Iraq under occupation
Just over a year ago on the 1st May 2003 US President George W. Bush made the official announcement of victory in the war against Iraq. Clad in a pilot’s jumpsuit he had been flown to the USS Abraham Lincoln aircraft carrier on a fighter plane to make his address. Surrounded by military personnel and with the banner “Mission Accomplished” in the background he announced to the world that the US and its allies had triumphed and that major combat operations in Iraq were at an end. In the space of only four weeks Iraq had been defeated and the regime of Saddam Hussein overthrown. This was a moment that seemed to confirm the supremacy of US power and to vindicate the strategy of the Bush administration.
However, a year on that triumphalism has completely faded. With much of Iraq in revolt, an escalating guerrilla war, and a diminishing coalition of allies, the perception is one of failure rather than success. Already comparisons are being made between Iraq and the historic defeat suffered by the US in the Vietnam War.

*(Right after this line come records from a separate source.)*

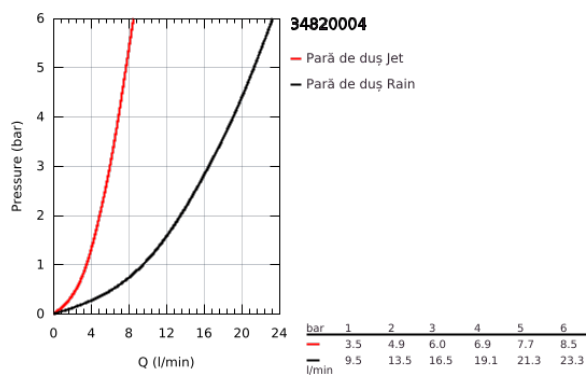

## 34 820 004 GROHTHERM 1000 BATERIE DUȘ CU TERMOSTAT 1/2" CU SET DE DUȘ

### DESCRIEREA PRODUSULUI

- Colour: cromat
- compus din:
- baterie de duș cu termostat Grohtherm 1000 New 1/2"
- (34 814)
- set șine de duș Tempesta II, 600 mm (27 598)
- professional edition

It is clear that the Bush administration made a number of misjudgements about Iraq. The fundamental one being that the Iraqi people would accept occupation. After thirty years of dictatorship, twenty years of continuous war, and ten years of crippling sanctions, it was assumed that Iraqis were a broken people who would welcome anything that appeared to offer a change. There were predictions that cheering crowds, singing and throwing flowers would greet the invading troops. None of this happened. Rather Iraqis had a mixed response to the invasion. Their relief that the Baathist regime of Saddam Hussein had been overthrown was accompanied by deep suspicion over the motives of the US and its allies.
There was no honeymoon period for the occupation. Its character was displayed early on with mass arrests and the shooting of demonstrators in cities such as Mosul and Fallujah in the months following the invasion. The initial suspicion of Iraqis quickly turned to hostility. Instead of the democracy and freedom proclaimed by Bush the experience of Iraqis under occupation has been one of repression. Hundreds of people are killed every month, towns and cities bombarded, thousands are imprisoned and subjected to torture. While some commentators have put this down to an aggressive American mentality, as opposed to the more “sophisticated” approach of the British, the reality is that these methods are an essential element of occupation. Because the purpose the invasion and occupation is the exploitation Iraq’s resources for the benefit of US capitalism, there is really nothing on offer to any significant section of the Iraqi population. In this scenario the option of a “softer” occupation or of “buying peace” does not exist. There can be no concessions to Iraqis, only repression of the opposition that inevitability arises to the wholesale plunder of their country.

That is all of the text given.